Inspiration from Dreams Art Competition 2025 Results

Of the hundreds of entries we received for our 2025 Art Competition, we present the shortlisted artists, judges' choices, runners-up, and Emma Duggan's winning piece. Enjoy!

By: The College of Psychic Studies.   Posted

Each year, our art competition reminds us just how incredibly creative and inspiring our community is. In 2025, more than 500 submissions arrived from around the world, spanning painting, drawing, textiles, sculpture, film and photography. Our panel of four judges carefully selected a shortlist, before choosing their individual judge's choices and reaching a unanimous decision on the two runners-up and the winner.
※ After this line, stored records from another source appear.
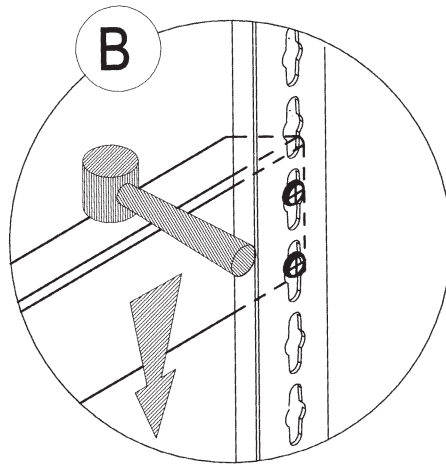

WOOD DECK
SHELVING UNIT

RIVET LOCK ASSEMBLY INSTRUCTION

WIRE DECK
SHELVING UNIT

CONTENTS	
REF.	DESCRIPTION
1	DOUBLE RIVET ANGLE BEAM
2	SINGLE RIVET ANGLE BEAM
3	UPRIGHT
4	CHANNEL BEAM
5	SHELF TIE

97032 - RIVET LOCK_P
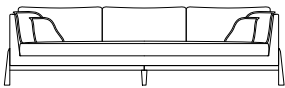

### Toss Pillow Details:

- knife edge toss pillows

\* Standard double needle stitch detail on body, seat cushion, back and toss pillows unless otherwise specified.

TOP VIEW

Finn XL - 110"w  
Width to Base 115"

SIDE VIEW

Finn Sofa - 98"w  
Width to Base 103"

Finn Condo - 86"w  
Width to Base 91"

Finn Loveseat - 72"w  
Width to Base 77"

Finn Club Chair - 30"w  
Width to Base 35"

Finn Chair and Half - 60"w  
Width to Base 65"
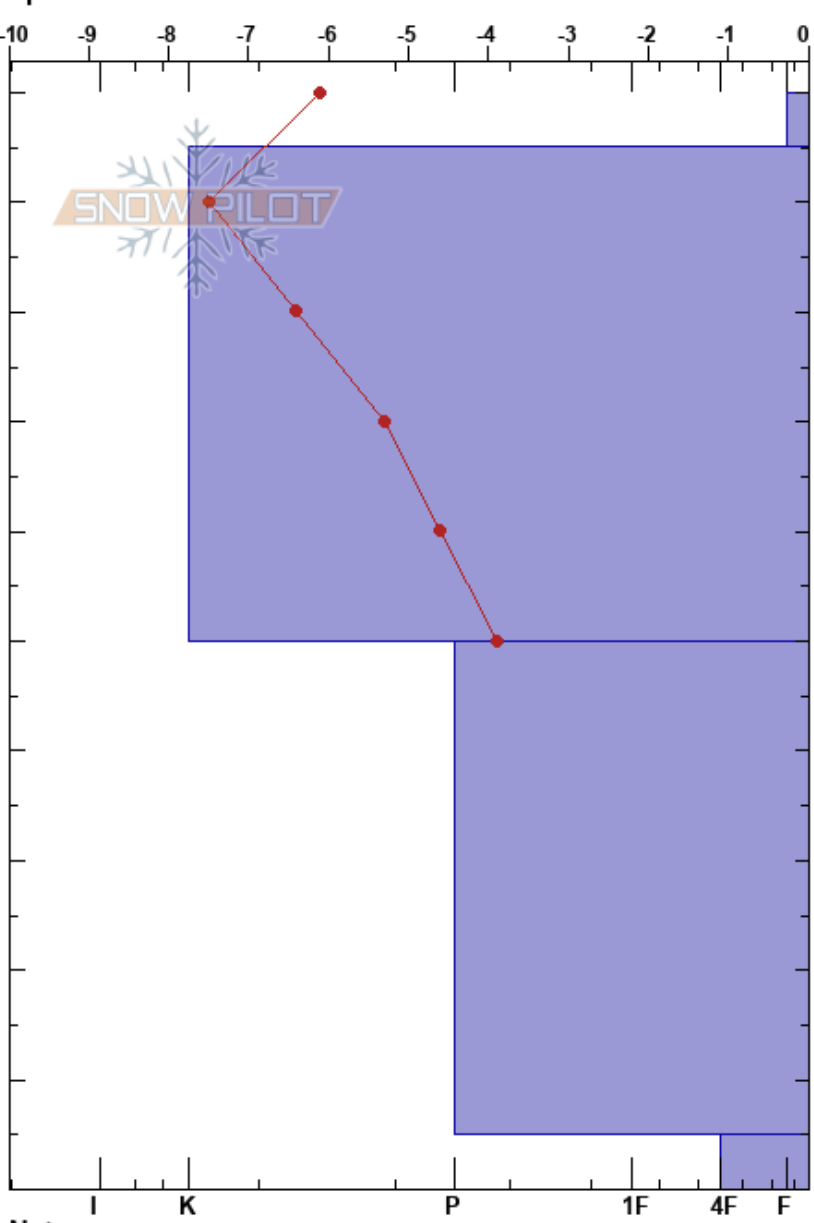

Trillevalen NO
 Välliste
 Sweden
 Elevation: 937 m
 Aspect: NE
 Specifics:

Oskar Brodén
 20/02/2023 - 10:22
 Co-ord:
 Slope Angle: 25°
 Wind Loading:

Stability:
 Air Temperature: -5.8°C PF: 5
 Sky Cover: BKN
 Precipitation: NO
 Wind: Calm

Layer Notes:

Notes:

	Crystal		ρ kg/m ³	Stability tests & Layer comments
	Form	Size		
100	+	1.5		
70	☞ (■)			
30	☞			
0	^	(3)		
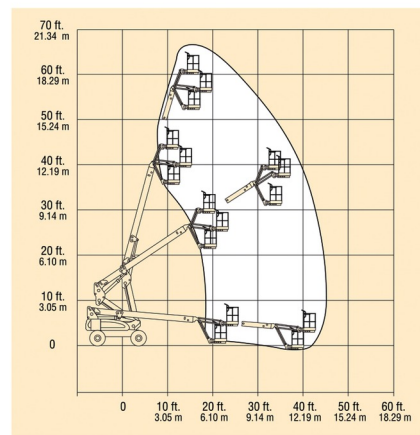

ARTICULATED BOOMS ELECTRIC

JLG E600JP

Hydraulic platforms and scissor lifts

» JLG E600JP

Daily price	€ 295
2 to 4 days	€ 240 /day
Weekly price	€ 890
From 4 weeks	€ 715 /week

Working height	20,39 m
Loading capacity	237 kg
Length	10,15 m
Width	2,44 m
Height	2,54 m
Weight	7000 kg
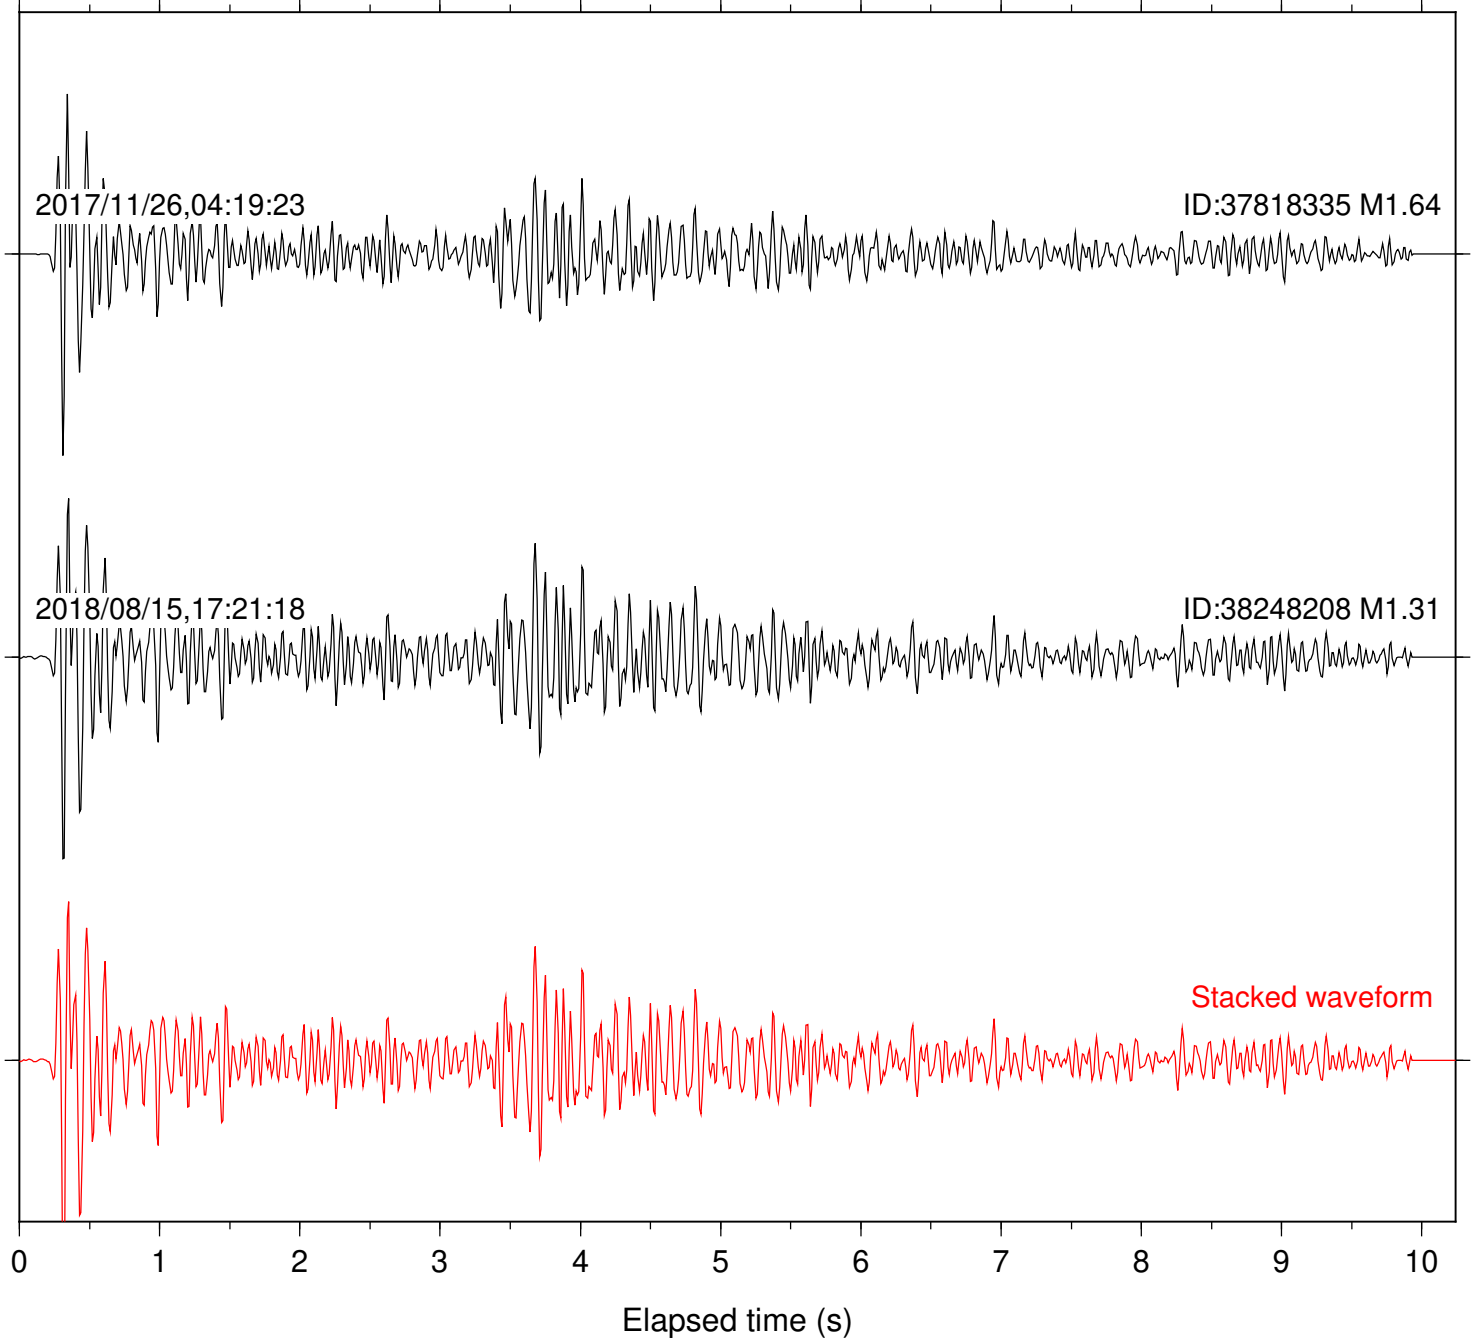

Station: DGR Com: HHZ

Focal depth: 4.87 km

Station: FRD Com: HHZ

Focal depth: 4.87 km

Station: HMT2 Com: HHZ

Focal depth: 4.87 km

Station: PFO Com: HHZ

Focal depth: 4.87 km
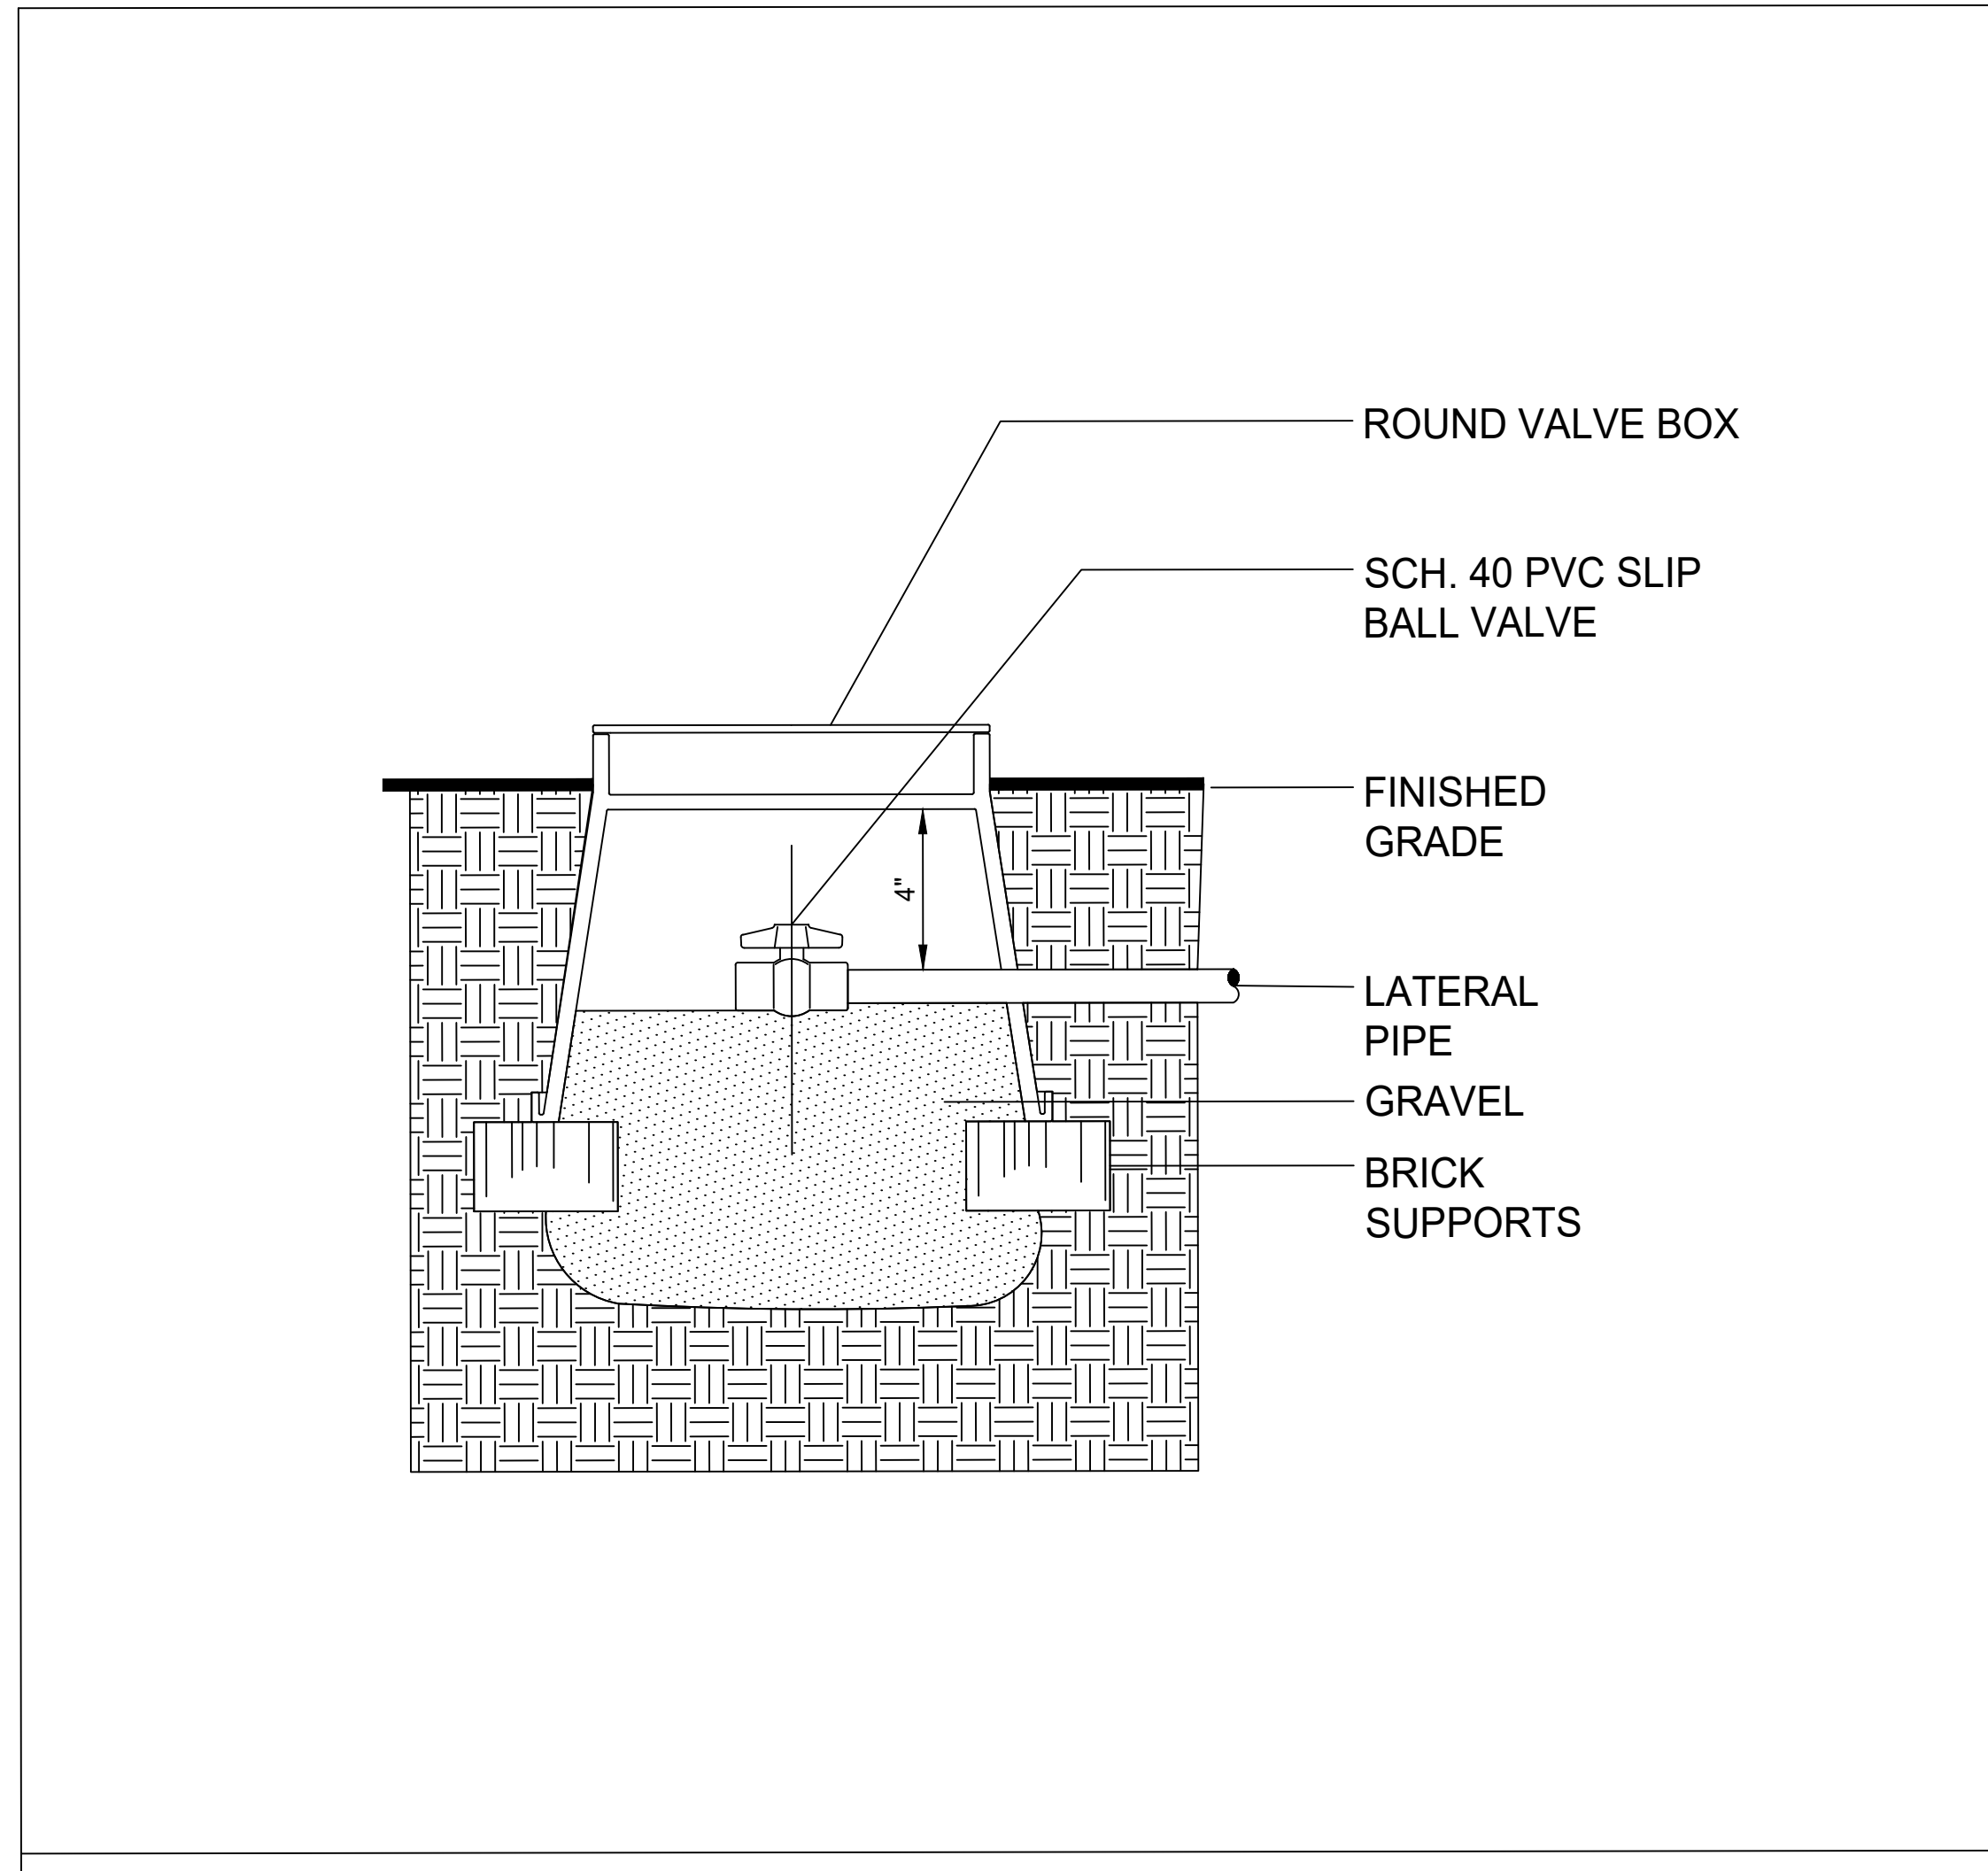

LANDSCAPE DRIPLINE

LANDSCAPE DRIPLINE AROUND TREES

FLUSH POINT DETAIL

AIR RELIEF VALVE
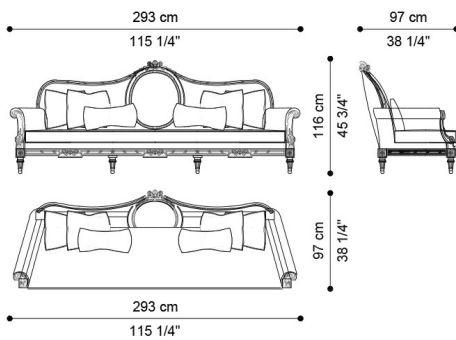

DESCRIPTION

3-seater sofa with structure in hand-carved wood with gold leaf finishing J288O. Padding in foam. Upholstery in fabric MIL. 19.04 and piping in velvet MIL. 24.19. Medallion on the backrest upholstered in fabric MIL. 24.01. Seat cushion upholstered in fabric MIL. 24.03.

N° 6 cushions included.

N° 2 cushions 50 x 50 cm, with upholstery in fabric MIL. 24.14. N° 2 cushions 45 x 45 cm, with upholstery in fabric MIL. 24.05. N° 2 cushions 50 x 30 cm, with upholstery in fabric MIL. 24.10 and JC logo embroidery. All cushions with velvet profile MIL. 24.19.

DIMENSIONS

3-SEATER SOFA

J.GLR-43

L 293 D 97 H 116 CM
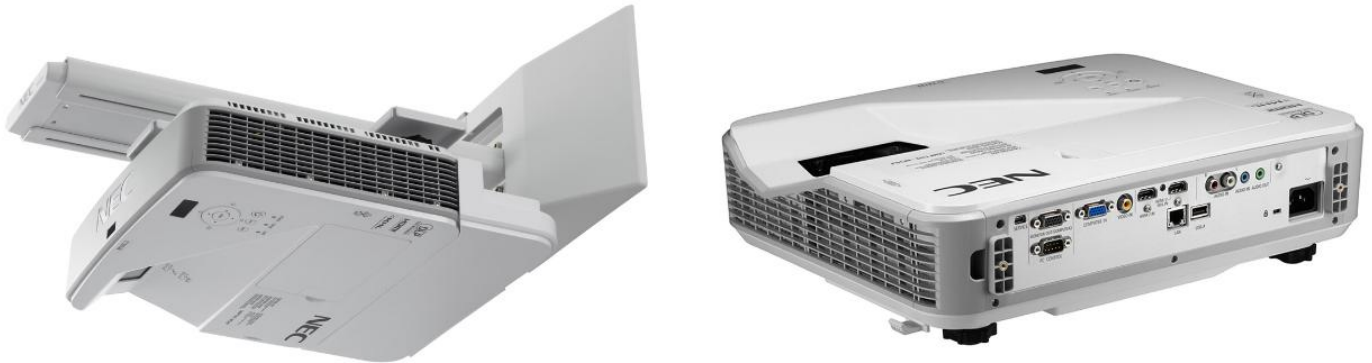

U321H

Professional Ultra-Short-Throw Projector

Datasheet

With 1080p resolution and 10.000:1 contrast, the U321H delivers perfect image quality for very detailed content as well as high quality movies including 3D content from Blu-Ray players, thanks to HDMI 3D support. This ultra-short throw projector releases space within small to medium sized classrooms and meeting rooms, projecting onto screen sizes between 85-100" without creating shadow or glare. Demanding applications in higher education such as design and engineering will appreciate the 1080p resolution for the high level of detail achieved. Interactivity can be added retrospectively to this model with a multi-pen and/or multi-touch option.

The U321H is particularly suited for classrooms and small to medium sized meeting rooms.

Benefits

Great picture quality – thanks to 1080p resolution and 10000:1 contrast.

Almost no shadow and glare – thanks to ultra-short throwing distance.

Možnost využití Multi-pen – s úplným promítáním pohybu na jakémkoliv povrchu.

Future proof connectivity – due to numerous analog and digital connection terminals including MHL support, network capability as well as optional wireless connectivity.

Wall-mount included – for quick and easy installation, compatible with height adjustable systems.

Cost effective replacement – of existing NEC UM Series installations to achieve higher resolutions without re-positioning of the existing wall-mount.

We are delighted to share the results today...

Congratulations to our winner, Emma Duggan!


First prize | Emma Duggan

Storm Candle, 2026
Monoprint with embroidery & applique on plant-dyed fabrics (Alder & Amaranth)
22 x 32cm

Emma says: "A piece with combined influences from places I walk during waking hours and those I visit in sleep, with two dream figures holding candles and a Mother Mary or water spirit energy I sense during walks around a lake near to my home. I find that water is a particularly strong transmitter of spiritual information. The dream coincided with a full moon in Leo near Candlemas in February 2025. The Alder in the picture is also the source of the dye used for the fabric. The image begins with a painted mono print which I have worked into, often scrying for marks as well as referring to my dream drawing notebooks."

Congratulations to Emma Duggan on a well-deserved win! The judges were unanimous in selecting your artwork as the winner of the Inspiration from Dreams 2025 art competition.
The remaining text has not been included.